I tried to step back, yet like sinking into a sticky quagmire, my feet would not move. Though invisible, I felt bound to this spot.
“Look at me, Yuseniel…”
In the end, I shook off the large hand holding me. At that, the touch that had been climbing from my ankle up my calf vanished.
“Yuseniel?”
Calmly pushing aside the hand trying to seize me again, I began to fix Tes’s bangs, which had bothered me since earlier.
At that, Tes obediently lowered his hand and instead began to relish my touch. His long eyelashes, long enough for raindrops to rest upon, trembled softly.
“I love you, Yuseniel.”
He whispered low and pulled my waist tight against him.
My hand, which had been touching silk-like hair, brushed past his shapely ear and stretched into empty air. In the end, my arm went over a solid shoulder, and my hand found purchase on a broad back.
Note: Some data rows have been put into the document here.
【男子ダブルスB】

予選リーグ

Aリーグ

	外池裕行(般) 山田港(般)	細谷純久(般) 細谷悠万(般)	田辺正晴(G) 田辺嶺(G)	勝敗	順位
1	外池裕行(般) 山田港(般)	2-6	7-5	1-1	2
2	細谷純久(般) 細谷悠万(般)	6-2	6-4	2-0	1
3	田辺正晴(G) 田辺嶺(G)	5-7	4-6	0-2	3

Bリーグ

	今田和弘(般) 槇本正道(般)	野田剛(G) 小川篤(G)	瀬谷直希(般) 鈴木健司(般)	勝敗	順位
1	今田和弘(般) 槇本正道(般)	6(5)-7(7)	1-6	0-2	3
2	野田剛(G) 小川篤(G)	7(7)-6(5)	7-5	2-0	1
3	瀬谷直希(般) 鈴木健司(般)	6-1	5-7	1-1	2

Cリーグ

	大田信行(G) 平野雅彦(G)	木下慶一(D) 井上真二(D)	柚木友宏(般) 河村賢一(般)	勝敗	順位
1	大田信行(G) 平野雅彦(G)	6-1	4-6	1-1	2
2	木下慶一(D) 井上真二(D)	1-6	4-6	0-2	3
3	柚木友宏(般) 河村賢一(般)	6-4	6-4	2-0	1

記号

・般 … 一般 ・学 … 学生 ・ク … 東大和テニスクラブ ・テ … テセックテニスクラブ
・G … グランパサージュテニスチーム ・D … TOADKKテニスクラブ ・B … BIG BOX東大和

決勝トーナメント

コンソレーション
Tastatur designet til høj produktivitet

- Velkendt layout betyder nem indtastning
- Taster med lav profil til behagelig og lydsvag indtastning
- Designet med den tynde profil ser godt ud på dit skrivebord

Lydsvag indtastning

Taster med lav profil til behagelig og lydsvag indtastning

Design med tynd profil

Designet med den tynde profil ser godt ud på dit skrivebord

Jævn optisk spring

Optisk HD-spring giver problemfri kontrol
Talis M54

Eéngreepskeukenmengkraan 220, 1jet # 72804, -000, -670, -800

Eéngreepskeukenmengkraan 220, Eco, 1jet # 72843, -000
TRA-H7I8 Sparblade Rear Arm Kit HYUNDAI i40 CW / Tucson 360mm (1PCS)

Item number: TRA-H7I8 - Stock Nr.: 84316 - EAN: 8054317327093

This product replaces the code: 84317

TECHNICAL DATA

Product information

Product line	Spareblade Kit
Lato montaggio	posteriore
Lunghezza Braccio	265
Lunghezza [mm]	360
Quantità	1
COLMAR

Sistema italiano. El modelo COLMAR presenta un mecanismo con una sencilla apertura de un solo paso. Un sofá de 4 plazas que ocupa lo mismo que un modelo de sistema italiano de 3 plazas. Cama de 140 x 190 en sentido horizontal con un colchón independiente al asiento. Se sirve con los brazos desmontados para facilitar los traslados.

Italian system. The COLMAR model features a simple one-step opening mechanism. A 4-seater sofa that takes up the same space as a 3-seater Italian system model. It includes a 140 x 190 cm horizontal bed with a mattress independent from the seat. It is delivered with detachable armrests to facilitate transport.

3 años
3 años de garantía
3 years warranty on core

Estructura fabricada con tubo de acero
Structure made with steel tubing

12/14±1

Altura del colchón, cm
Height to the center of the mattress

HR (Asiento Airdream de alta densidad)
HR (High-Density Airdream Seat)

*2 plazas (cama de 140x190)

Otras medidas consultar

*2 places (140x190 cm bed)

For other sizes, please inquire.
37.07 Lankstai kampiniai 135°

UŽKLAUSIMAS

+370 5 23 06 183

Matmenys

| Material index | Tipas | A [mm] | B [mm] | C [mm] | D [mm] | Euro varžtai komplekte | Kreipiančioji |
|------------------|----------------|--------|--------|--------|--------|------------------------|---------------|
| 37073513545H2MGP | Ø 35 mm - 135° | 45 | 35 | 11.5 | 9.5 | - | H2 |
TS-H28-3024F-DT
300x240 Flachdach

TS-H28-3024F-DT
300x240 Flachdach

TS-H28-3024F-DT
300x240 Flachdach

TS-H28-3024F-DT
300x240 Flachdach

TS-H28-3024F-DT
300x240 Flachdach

The childhood friend who had once been smaller than me was now a full head taller, and his small frame that had merely clung to me had broadened enough to pull me into his embrace.
Truthfully, Tes’s hair had not originally been this pitch-black color. His eyes were the same.
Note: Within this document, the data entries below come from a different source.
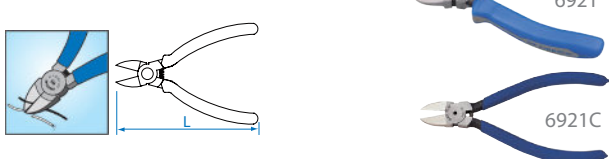

6112

- Hi-leverage type
- Polished head

KT NO.	L		Cutting capacities				g	/	/
	inch	mm	●	●	●	●			
6112-09	9	232	4.0	3.0	2.2	2.0	395	6 / 60	
6112-09C	9	225	4.0	3.0	2.2	2.0	347	6 / 60	

Plastic Pliers

In order to get normal life of pliers, do not cut steel wire.

6921

- European type
- Polished head

KT NO.	L		g	/	/
	inch	mm			
6921-05	5	132	106	6 / 120	
6921-06	6	155	171	6 / 72	
6921-07	7	178	268	6 / 60	
6921-05C	5	132	91	6 / 120	
6921-06C	6	155	140	8 / 96	
6921-07C	7	178	220	6 / 60	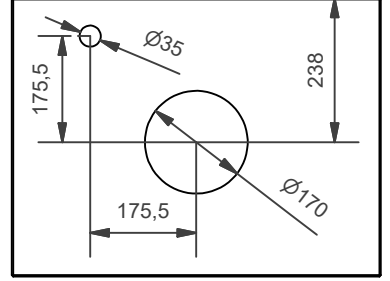

®

SVEDBERGS

FYN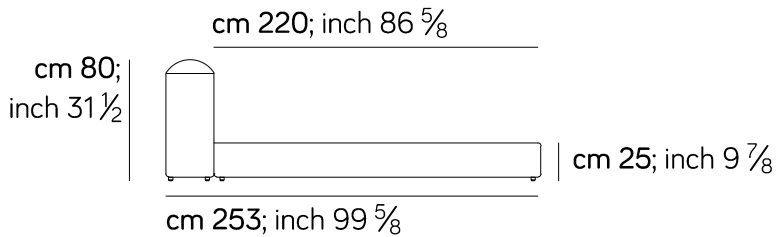

cm 190; inch 74 $\frac{3}{4}$

cm 295; inch 116 $\frac{1}{8}$

cm 190; inch 74 $\frac{3}{4}$

cm 295; inch 116 $\frac{1}{8}$

401 - letto per materasso 200x200

cm 210; inch 82 $\frac{5}{8}$

cm 315; inch 124

cm 210; inch 82 $\frac{5}{8}$

cm 315; inch 124

Lapis bed - AM073

379 - letto per materasso 152,5x203

377 - letto per materasso 193x203

Lapis bed - AM073

378 - letto per materasso 185x205

387 - letto per materasso 200x210

Panca / bench

115

35 cm;
13 $\frac{3}{4}$ inch

60 cm;
23 $\frac{5}{8}$ inch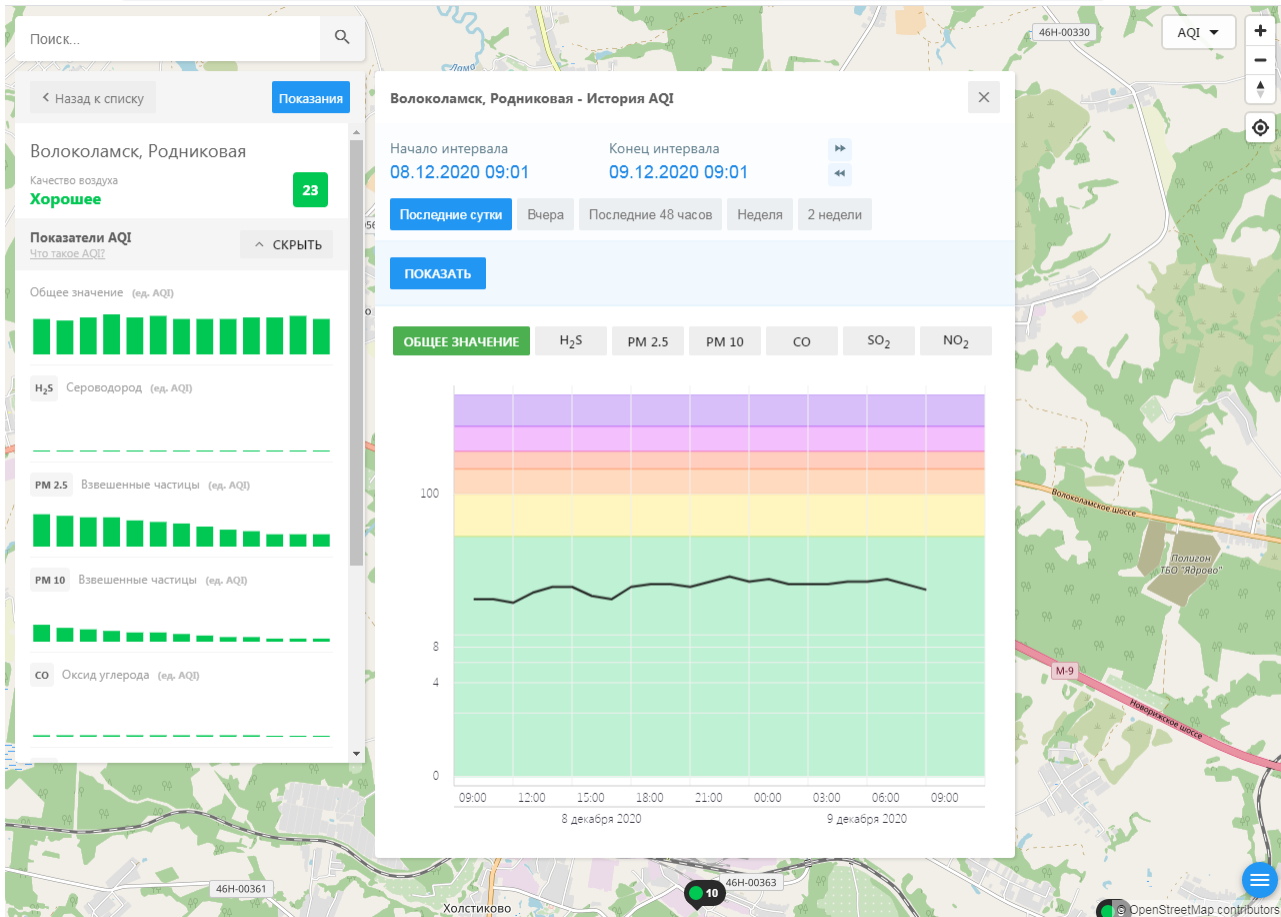

Волоколамск, Нелидово

Качество воздуха **Хорошее** 9

Показатели AQI

Общее значение (ед. AQI)

H<sub>2</sub>S Сероводород (ед. AQI)

PM 2.5 Взвешенные частицы (ед. AQI)

PM 10 Взвешенные частицы (ед. AQI)

CO Оксид углерода (ед. AQI)

Волоколамск, Нелидово - История AQI

Начало интервала: 08.12.2020 09:00

Конец интервала: 09.12.2020 09:00

Последние сутки | Вчера | Последние 48 часов | Неделя | 2 недели

ПОКАЗАТЬ

ОБЩЕЕ ЗНАЧЕНИЕ | H<sub>2</sub>S | PM 2.5 | PM 10 | CO | SO<sub>2</sub> | **NO<sub>2</sub>**

© OpenStreetMap contributors

Поиск..

Волоколамск, Родниковая

Качество воздуха **Хорошее** 23

Показатели AQI

Общее значение (ед. AQI)

H<sub>2</sub>S Сероводород (ед. AQI)

PM 2.5 Взвешенные частицы (ед. AQI)

The direct line of the Northern Empire’s imperial family was born generation after generation with bright blond hair and blue eyes. No, only those who possessed such features could qualify to ascend to the throne.
“Tes.”
“Hm?”
“How… did you change your hair and eye color?”
In my memory, the six-year-old child had exuded the imperial lineage with his entire being. The child with pure golden hair and sapphire-blue eyes had been like a bright sun.
But now he had sunken deep and dark, transformed into a man who embraced me so tightly it was suffocating.
“Want to know?”
“Yes.”
“If you know, you have to marry me.”
“Then never mind.”
“Why, show a little more curiosity.”
Normally he would have explained on his own even without my asking, but seeing him press his lips shut, it seemed this was truly a tremendous secret even for Tes.
“I would like it if you had many things you were curious about regarding me, Yuseniel.”
I should have run away long ago.
“Because it’s proof that you are very interested in me, Yuseniel.”
Just when should I have run away?
When I was six, and my thoughtless childhood friend said he loved me and wanted to marry me? Or when I saw you transformed like this?
Or, at any given moment.
“You’re not curious why I changed my appearance like this?”
“I’m not.”
Despite my blatant display of disinterest, Tes answered arbitrarily, letting my words go in one ear and out the other. At the corners of his mouth hung a smile both childishly innocent and seemingly meant to seduce.
“It’s because this is your preference, Yuseniel.”
I could not say a word.
“Because it’s the appearance you like, Yuseniel.”